Its not the same impact on vibration and adds lots of weight that I could have on the end of my stabilizer bars that will actually have an impact on the stabilization of the bow.


----------



## Warbow (Apr 18, 2006)

Jake Kaminski said:


> Experts such as John and Frank are two completely different experts, one shoots 240+ feet and the other 21+ feet. Both require MUCH MUCH different bow performances.
> 
> You are again proving my point that you are discussing for the sake of discussing.


No, I'm discussing for the sake of learning.
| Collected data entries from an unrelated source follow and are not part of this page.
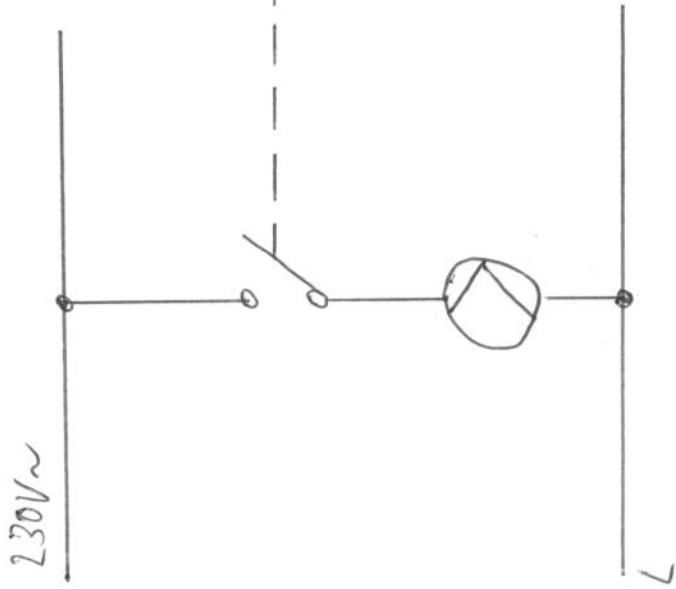

Relais z.B. Conrad

Best. Nr. 506726-6

16,07€

Schaltstrom min 8A

S1 Schützenschalter

S2 Schalter vor OF mit Zeitglied (einstellbar max 7h)

Some things have **nuance**, as you prove by claiming that John and Frank have different needs served by different useage of LimbSavers--but we still don't have any good objective data in this thread, nor have I seen you make a case why it would be a bad idea to have.


----------



## Jake Kaminski (Mar 10, 2007)

I never argued the fact that it would be nice to have third party data testing. 
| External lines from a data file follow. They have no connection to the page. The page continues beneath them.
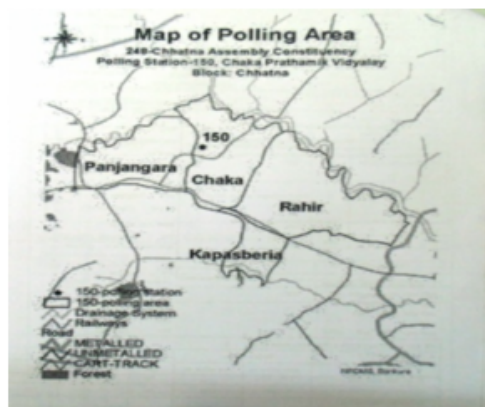

Nazri Naksha
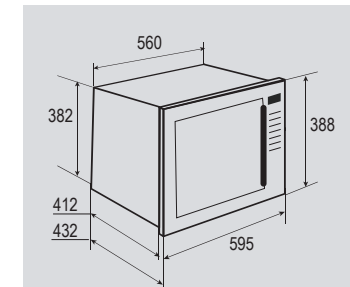

## В КОМПЛЕКТЕ:

- Решетка для гриля..... 1шт.

Цвет: Белый  
Объем: 25 л.  
Ширина: 60 см.
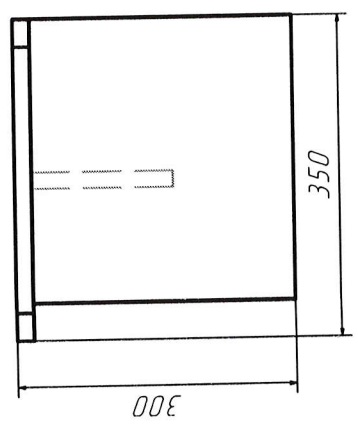

JEJ N 149

JEJ N 149

Scrum p/restoar - 1mc

Area 3
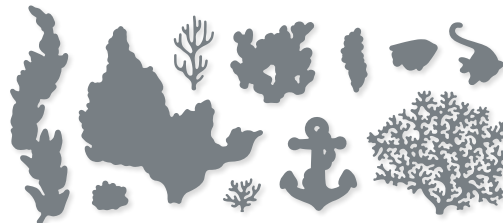

N AM HAKEN • 161541 | 42,00 € | £32.00
17 Stanzformen. Größte Form: 4-1/4" x 5-9/16" (10,8 x 14,1 cm).

10 %
SPAREN IM PAKET

N PRODUKTPAKET AM HAKEN
161544 | ~~68,00 €~~ + ~~£52.00~~ 61,00 € | £46.75
Klarsicht • **EN** **FR** **DE**
Stempelset Am Haken (S. 79)
+ Stanzformen Am Haken

Why don't you just go out and have at it? Just make sure to post a picture of yourself next to the pile of broken limbs.

/thread


----------



## Warbow (Apr 18, 2006)

Jake Kaminski said:


> I never argued the fact that it would be nice to have third party data testing.
> 
> 
> Why don't you just go out and have at it? Just make sure to post a picture of yourself next to the pile of broken limbs.
> ...


Since you have a problem with the way this thread has gone, why not fill us in in how you think it should have gone given that there is, in fact, so much difference in expert opinion (and I do not include myself in the category of expert) on the efficacy and proper use of LimbSavers?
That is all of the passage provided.